Exercise directions: The task calls for each line of the records below in which the word "BREATHER" appears.

Stored data:
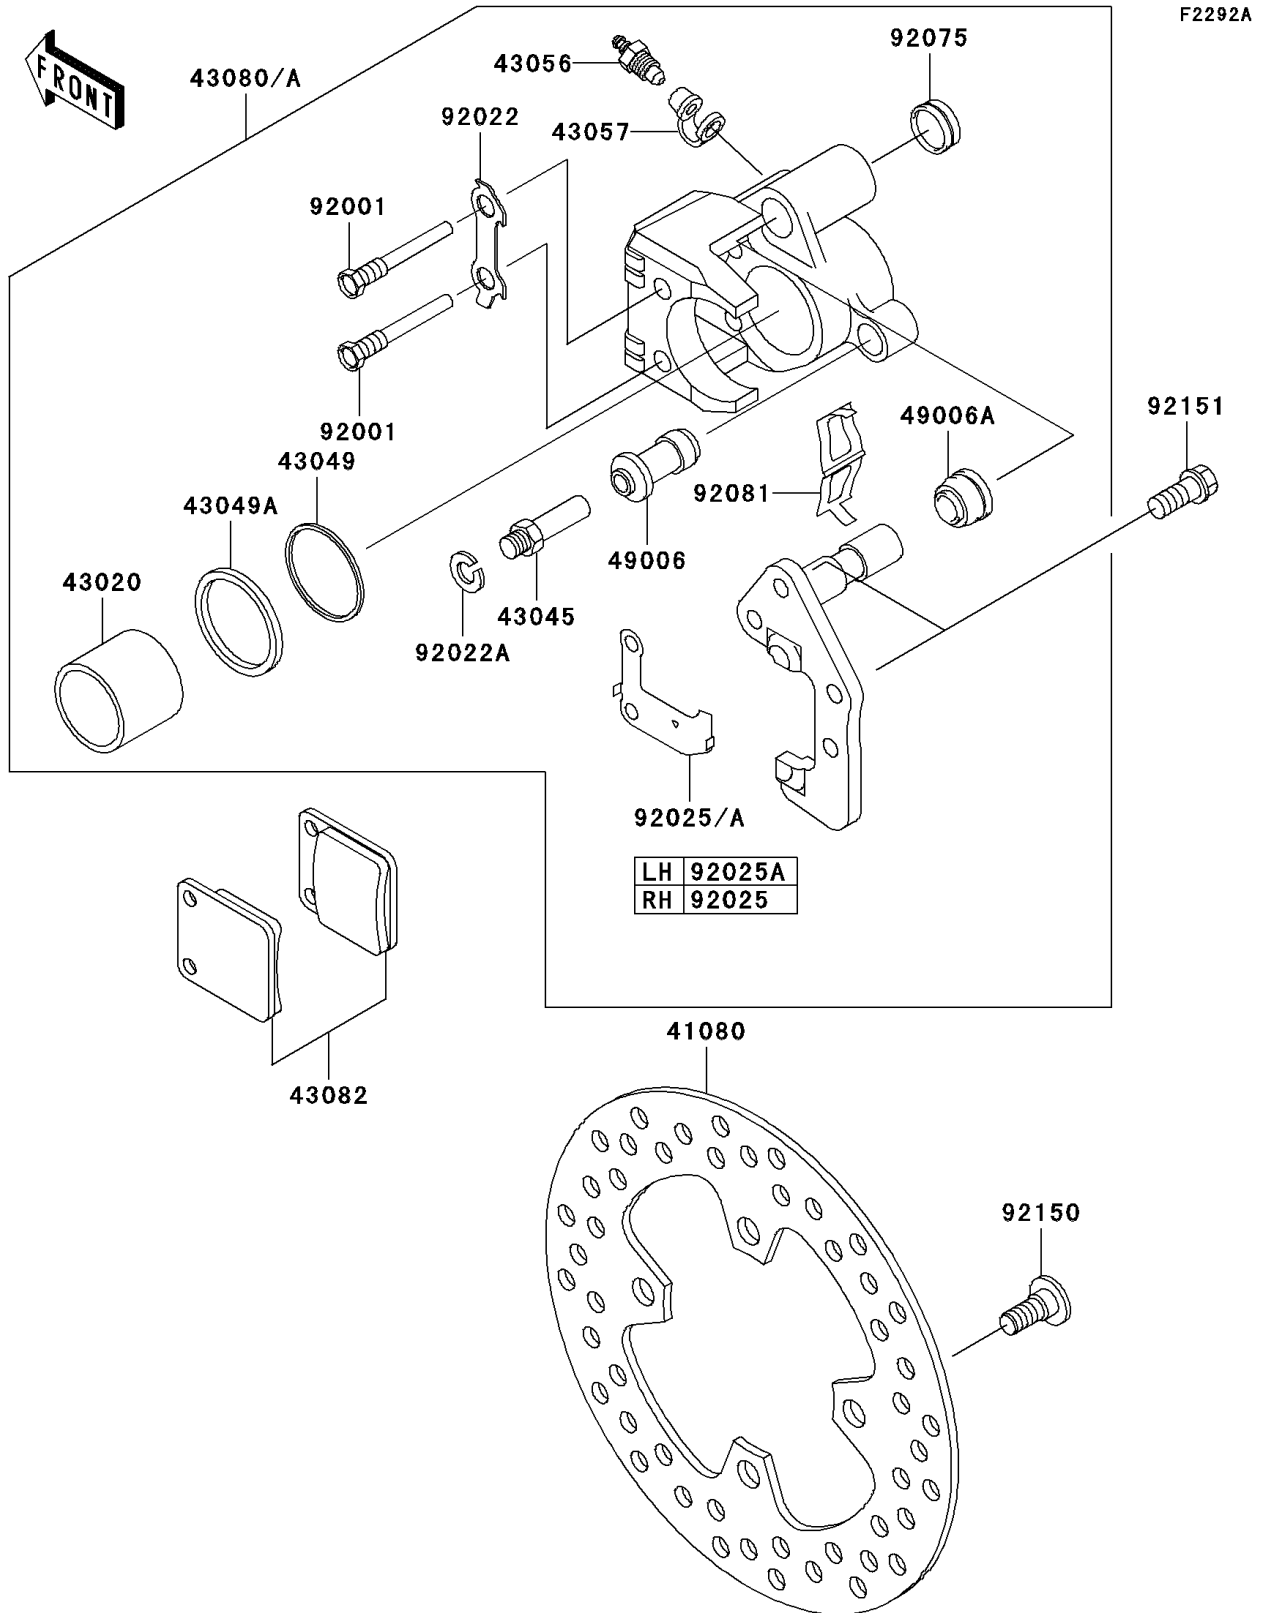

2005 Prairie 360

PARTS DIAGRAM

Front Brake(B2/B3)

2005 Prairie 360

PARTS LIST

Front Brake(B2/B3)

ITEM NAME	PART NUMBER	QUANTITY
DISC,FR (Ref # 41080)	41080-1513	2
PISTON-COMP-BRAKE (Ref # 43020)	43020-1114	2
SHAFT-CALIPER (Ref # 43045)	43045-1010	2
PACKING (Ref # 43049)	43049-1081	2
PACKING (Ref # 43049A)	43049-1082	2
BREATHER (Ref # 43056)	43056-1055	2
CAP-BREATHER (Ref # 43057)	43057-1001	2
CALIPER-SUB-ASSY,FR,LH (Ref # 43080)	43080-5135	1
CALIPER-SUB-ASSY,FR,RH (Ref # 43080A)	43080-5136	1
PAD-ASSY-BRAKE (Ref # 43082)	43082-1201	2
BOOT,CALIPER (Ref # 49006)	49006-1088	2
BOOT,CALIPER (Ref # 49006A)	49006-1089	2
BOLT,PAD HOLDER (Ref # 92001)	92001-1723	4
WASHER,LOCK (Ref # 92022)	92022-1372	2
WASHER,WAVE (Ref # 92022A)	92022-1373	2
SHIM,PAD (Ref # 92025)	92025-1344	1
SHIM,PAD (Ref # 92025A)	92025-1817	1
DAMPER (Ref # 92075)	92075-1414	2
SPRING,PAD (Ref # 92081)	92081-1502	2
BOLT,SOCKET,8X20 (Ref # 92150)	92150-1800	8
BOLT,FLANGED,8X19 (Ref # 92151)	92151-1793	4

Response for this exercise:
BREATHER (Ref # 43056)	43056-1055	2
CAP-BREATHER (Ref # 43057)	43057-1001	2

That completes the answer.